Стоит оглянуться назад, чтобы понять причину такого отношения к пьесе, позднее признанной одной из жемчужин русского комедийного репертуара. В одних случаях тут было недовольство общественной позицией писателя, напечатавшего пьесу в журнале Щедрина и совершенно в его духе. В других – просто эстетическое староверство, беда всякой устоявшейся репутации. «Мнение, что Островский хорош только там, где он рисует купцов-самодуров да их загнанных жертв, – сделалось общим», – отмечал критик «Вестника Европы» (1869, № 1. С. 317). Публика привыкла к драмам и комедиям Островского из купеческого быта, и попытки автора писать в ином жанре, рисовать иную среду могли показаться изменой себе и вкусам зрителей, ждавших от драматурга того, к чему они привыкли.

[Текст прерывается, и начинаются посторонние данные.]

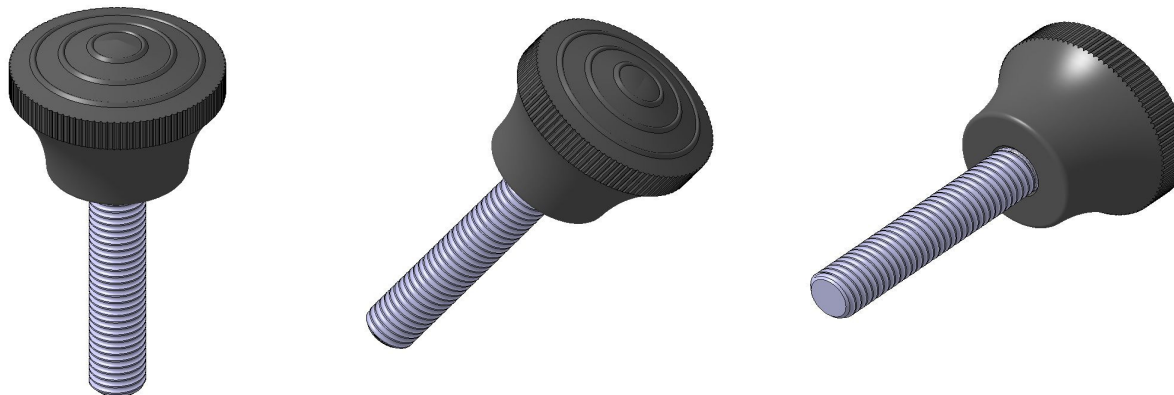

MANOPLA DE BAQUELITE,

MANOPLA RECARTILHADA.

MODELO MACHO

Atualização: 25/02/09

Referência	Dimensões		Rosca	
	D	L	F	H
MB 3830 A M8x50	38	30	M8	50
MB 3830 A M10x50			M10	
MB 3830 A M12x50			M12	
MB 3830 A 5/16"x50			5/16"	
MB 3830 A 3/8"x50			3/8"	
MB 3830 A 1/2"x50			1/2"	

Obs: Outros comprimentos de rosca também são fornecidos, mediante solicitação do cliente.
Comprimento máximo fornecido: 80mm (H)

Tel.: (19) 3929-7880
vendas@ampbr.com.br
www.ampbr.com.br

Material:
Parte plástica em Baquelite
Parte metálica em Aço Zincado
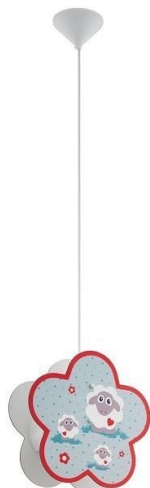

VISILICA ZA DEČIJU SOBU LALELU 97706 EGLO

Osvetlite dečiju sobu sa ovom lampom koja donosi čaroliju i igru u svaki ćošak!

Šifra proizvoda: 97706

3.490 RSD

Neto cena (bez pdva): 2.908 RSD

Opis proizvoda

- **Nortec doo - LEDSRbija.rs** - trudimo se da budemo što precizniji u opisu proizvoda te isto tako ne garantujemo da su svi tačni i bez grešaka.
- Slike ne moraju biti 100% identične proizvodima. Ukoliko primetite greške, molimo Vas da nam se javite.
- **Sve cene važe samo za online plaćanje tj kupovinu putem našeg sajta (preko interneta)**
- Pre kupovine molimo vas da proverite cenu i da li je proizvod dostupan, ukoliko piše da nema na lageru.
- Cene i dostupnost proizvoda nisu konstantne, često dolazi do promena kod dobavljača usled situacije na tržištu
- **Cene su sa uračunatim popustima i PDV-om.**

Deklaracija

- **Bruto težina:** 0.77 kg

Specifikacija

- **Širina:** 10.5
- **Dužina:** 32.5
- **Visina:** 110
- **Materijal:** Plastika
- **IP standard:** IP20
- **Saobraznost:** 2 god.
- **Jedinica mere:** kom
- **Grlo:** E27
- **Napon:** 220V
- **Sijalica uključena:** Ne
- **Broj grla:** 1
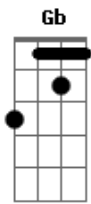

© ukulele-chords.com
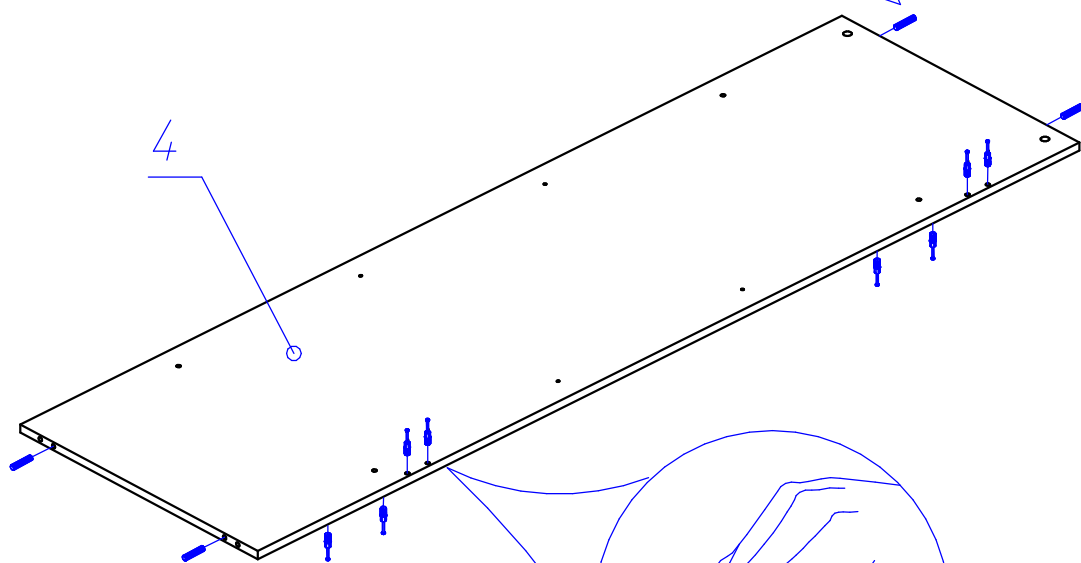

Шкаф Лавиано

"3 Д"

Поз.	Наименование	Размеры	Кол.
1	Крышка	1764x633	1
2	Боковина правая	1945x604	1
3	Боковина левая	1945x604	1
4	Боковина средняя	1929x578	1
5	Дверь с зеркалом	1890x549	1
6	Декор боковой	1895x50	2
7	Декор нижний	1762x50	1
8	Ребро жесткости	1132x150	2
9	Ребро жесткости	578x100	2
10	Основание	1726x578	1
11	Горизонталь внутренняя	1132x576	2
12	Полка жесткая	578x576	2
13	Полка	576x566	2
14	Дверь	1890x550	2
15	Стенка задняя ДВП	1950x591	2
16	Стенка задняя ДВП	1950x554	1
17	Опора-подставка		1
18	Соединитель	1973мм	1
19	Штанга	1127мм	1

Комплектующие:

					92
					
					3,5x16
42	34	2	20	8	4
					
15x13		ручка	2x20		
8	4	8	6	18	2
					
4	M4x22	34	4	18	12
					
		D18			

1

3

4

5

6

7
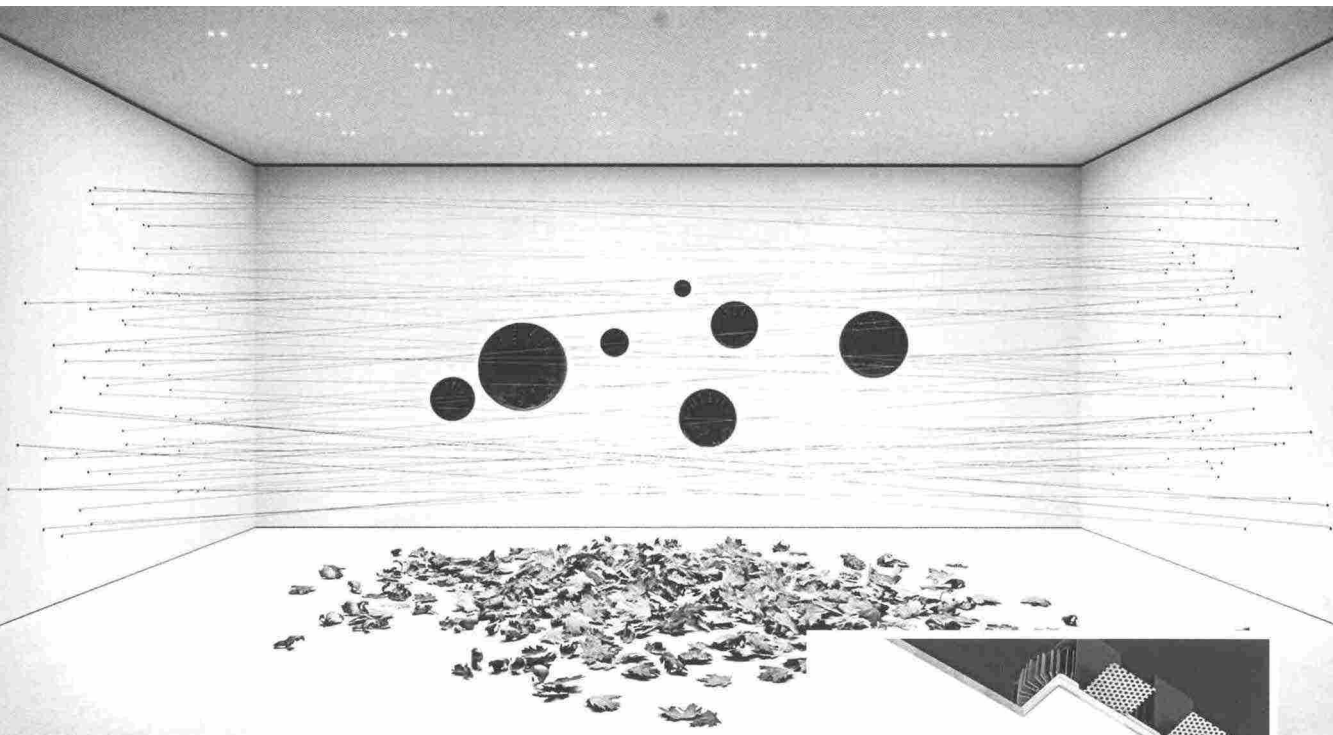

BUZZI & BUZZI IS GENIUS: A "GENIUS" LINE PLAYS WITH LIGHT

Buzzi & Buzzi, an internationally known company located in Lombardy and one of the leading companies in lighting industry, presents GENIUS - a family of totally recessed LED luminaires. AirCoral®, the patented material of the brand, takes over the whole Genius' collection that goes on and on innovating and expanding. A "genius" line, able to satisfy the widest range of demands: extraordinary light effects, together with best performances, are mixed with spaces and architectures, creating the desired mood. The forefather of the line, which coined the name of the entire family, is Genius: it has a discreet and elegant shape and, just like all the other members, it can be installed on plasterboard or brick ceilings; also, it's able to create luminous intensity from the 20mm emission hole that disappears when the luminaire is turned off. Genius gives life to its own variations: Twin Genius, that doubles the emission hole cutting the darkness with two bright cones; Genius-square, where the classical emission hole shape changes becoming square, enveloping objects and minimizing the beam until it's totally part of the environment. It duplicates, then, in Twin Genius-square, so to double the beams creating ideal brightness for the selected area. Genius Dynamic White, another totally recessed luminaire, stands out for its high technology and the presence of a 4 LED lights chip which allows to change colour temperature in the range from 2700K to 5000K, becoming particularly suitable for study or work environments. Genius Brass, instead, thanks to the emission hole provided with a brass cylinder, gives a warmer light which adds a precious touch to this already extremely refined product, making environments cozier with a soft, never dazzling light. Genius Black, differently, has an emission hole which is co-extruded with a black cylinder of anodized aluminium, giving the product even less dazzling effect, a more elegant and sophisticated detail. The Genius' family shapes are softened designing Genius Curve: the perfectly round shape boosts its aesthetics. Light, created by the round emission hole, scatters in the environment with a uniform and welcoming visual experience. AirCoral® material is the jewel in the
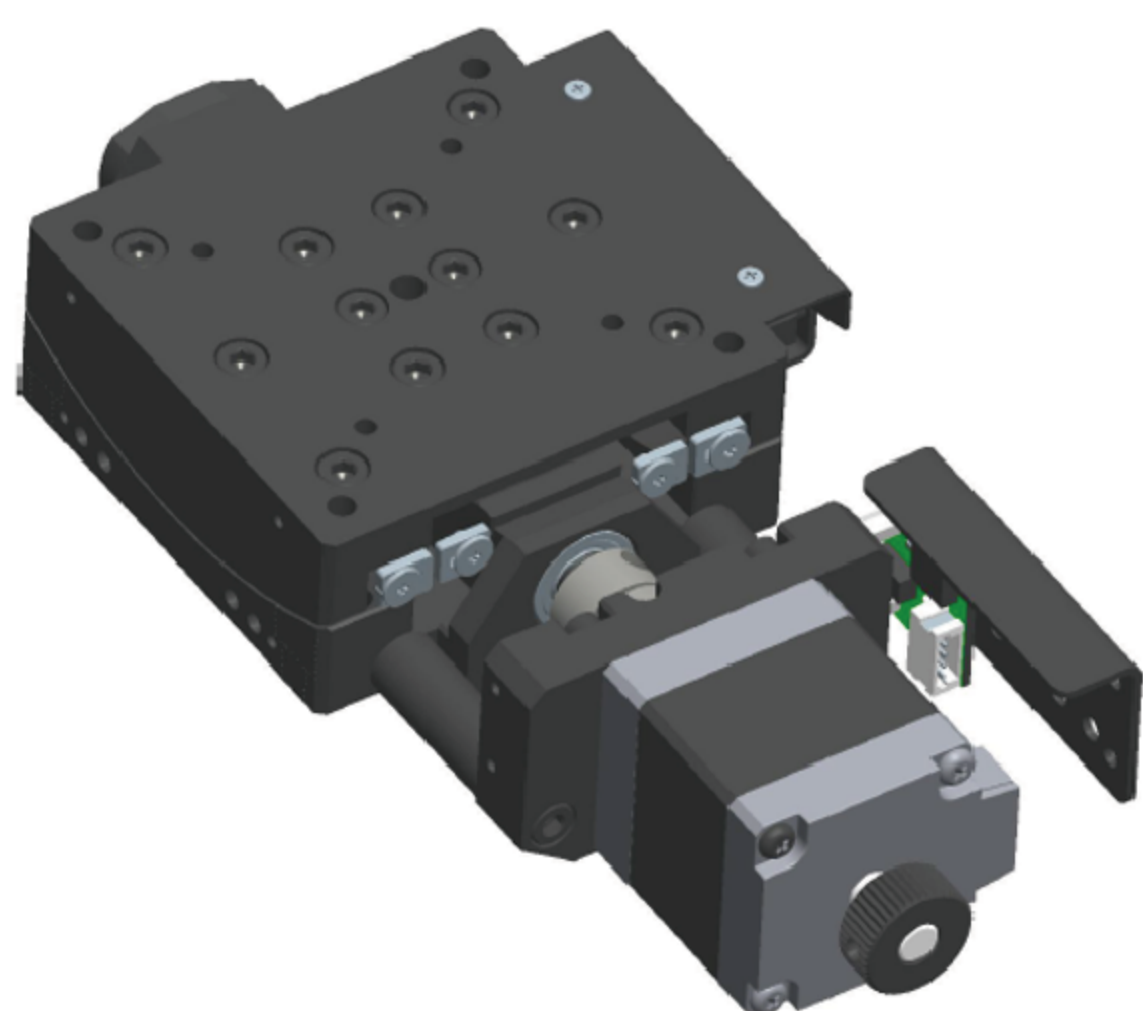

## 高精度全闭环角度滑台

### 型号：ART060-CM5-L/R

- 重复精度：±0.003°
- 有效行程：±5.5°
- 最大水平负载：6kg

### 型号：ART070S-CM5-L/R

- 重复精度：±0.003°
- 有效行程：±5°
- 最大水平负载：6kg

### 型号：AAT60-(050/075/100/125)-CM5-L/R

- 重复精度：±0.005°/±0.003°
- 有效行程：±5°~ ±8°
- 最大水平负载：5kg

Комедия о «мудрецах» рассердила поклонников «традиционного» Островского. Почему так наивна и неправдоподобна завязка комедии? – спрашивали они. Куда пропал сочный бытовой язык персонажей? И не слишком ли грубовато откровенны саморазоблачения героев? Лесть – так без всякой меры, самоуничижение – с тошнотворными преувеличениями, фразерство – будто напоказ. И это у драматурга, славившегося естественностью действия и диалогов!
Но критика, возможно, оказалась бы менее привередлива, если бы верно попала, так сказать, в тон пьесы и правильно расценила ее жанр. Это жанр политической комедии-памфлета, где к месту окажутся и смелая условность, и резкость характеристик, и психологический гротеск. Да и упрек в искусственной завязке хотелось бы отвести.
Первые сцены со всей их психологической и событийной условностью нужны драматургу для стремительного разбега действия. Островский словно спешит сократить экспозицию, и, давши пьесе энергичный ритм, на который мы настроили свои глаза и уши, он больше не вызывает желания упрекать его в неправдоподобии.
Поднявшись от своего стола и почтительно склонив голову, Глумов выслушивает ворчливые наставления дядюшки, искусно поощряя краткими репликами поток его красноречия, и, право, можно заслушаться этим мастерским диалогом с его жизненной естественностью и тайным юмором.
Время и место действия
«Мамаев. Я ведь не строгий человек, я всё больше словами. У купцов вот обыкновение глупое: как наставление, сейчас за волосы, и при всяком слове и качает, и качает. Этак, говорит, крепче, понятнее. Ну что хорошего! А я всё словами, и то нынче не нравится.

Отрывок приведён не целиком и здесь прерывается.